Danach entfernt man sich gemeinsam vom Ziel, ohne den Dackel sofort voranzuschicken. Stattdessen folgt eine Phase, in der bewusst etwas völlig anderes gemacht wird. Man geht in eine andere Richtung, wechselt die Umgebung, lässt den Dackel balancieren, schnüffeln oder kleine Alltagsaufgaben ausführen. Diese Unterbrechung dauert anfangs nur wenige Minuten.

 

In dieser Zeit verliert der Dackel das ursprüngliche Ziel meist aus dem aktiven Bewusstsein. Genau das ist gewünscht. Erst danach kehrt man an den Ausgangspunkt zurück und gibt das Kommando Voran. Der Dackel soll nun loslaufen, obwohl für ihn nicht mehr eindeutig ist, warum. Oft entsteht das Wiedererkennen erst während der Laufstrecke, durch Geruch, durch einen visuellen Hinweis oder durch die Erinnerung an die vorherige Situation.

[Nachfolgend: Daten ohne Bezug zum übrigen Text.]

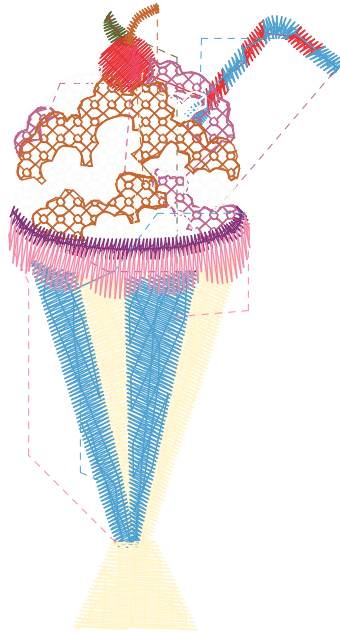

Color	Code	Length (mm)	Color	Code	Length (mm)
1. Green Meadow--Floriani's Polyester	277 Floriani's Polyester	119.4	7. Dark Pink--Floriani's Polyester	106 Floriani's Polyester	83.1
2. Rust--Floriani's Polyester	145 Floriani's Polyester	554.5	8. Cream--Floriani's Polyester	540 Floriani's Polyester	1803.9
3. Tahoe Blue--Floriani's Polyester	371 Floriani's Polyester	333.8	9. Russian Violet--Floriani's Polyester	674 Floriani's Polyester	482.7
4. Powder Puff--Floriani's Polyester	133 Floriani's Polyester	834.9	10. Tahoe Blue--Floriani's Polyester	371 Floriani's Polyester	2004.2
5. Pure White--Floriani's Polyester	800 Floriani's Polyester	1701.7	11. Cream--Floriani's Polyester	540 Floriani's Polyester	730.0
6. Light Sienna--Floriani's Polyester	784 Floriani's Polyester	1332.2	12. Bright Pink--Floriani's Polyester	125 Floriani's Polyester	725.9

Notes: ICE CREAM SOCIAL
Digitized by - Holly Pike
www.ArtisticThreadworks.com

Diese Übung wird schrittweise gesteigert. Aus wenigen Minuten können später längere Zeiträume werden. Das Objekt kann bereits zu Beginn eines Spaziergangs ausgelegt werden, während der eigentliche Spaziergang dreißig, vierzig oder sogar sechzig Minuten dauert. Erst am Ende wird der Dackel auf das Voran geschickt.


 

Wichtig ist dabei, dass das Objekt an einem bekannten Ort liegt, den der Dackel bereits betreten hat, und dass möglichst keine äußeren Störungen auftreten. Wird das Objekt zwischendurch zb durch Spaziergänger oder andere Hunde entfernt, entsteht unnötige Verunsicherung. Gerade bei Memory-Übungen ist eine verlässliche Erfolgsverknüpfung entscheidend.


Richtig aufgebaut stärkt das Memory nicht das Erinnerungsvermögen, sondern das Vertrauen in das Kommando. Der Dackel lernt, sich auch dann entschlossen nach vorne zu bewegen, wenn der Sinn der Aufgabe nicht sofort klar ist. Dieses Vertrauen ist eine zentrale Voraussetzung für ein stabiles, selbstbewusstes Voran auf größerer Distanz.

 

Der Grundstein für ein gutes „Voran“ ist gelegt

 

Mit den beschriebenen Übungen ist das Voran für die Begleithundeprüfung oder ähnlichen Einsteigerprüfungen vollständig abgedeckt. Ziel dieser Basisausbildung ist ein sicherer, zügiger und klarer Lauf nach vorne, auf den sich der Dackel verlassen kann und der ohne Unsicherheit ausgeführt wird. Dafür braucht es keine komplexen Varianten und keine hohe technische Ausarbeitung.


Das Voran lässt sich in der Arbeit mit dem Dackel theoretisch beliebig weiter ausbauen. In der jagdlichen Ausbildung, im Apportiertraining oder in spezialisierten Arbeitsformen kommen zusätzliche Anforderungen hinzu, etwa Richtungsarbeit, Distanzkontrolle oder das gezielte Arbeiten ohne sichtbares Ziel. Diese Inhalte gehen jedoch über das hinaus, was für eine Basiserziehung sinnvoll und notwendig ist.

Entscheidend ist nicht die Vielfalt der Übungen, sondern die Klarheit, Sicherheit und Verlässlichkeit des Vorans. Darauf lässt sich bei Bedarf jederzeit weiter aufbauen.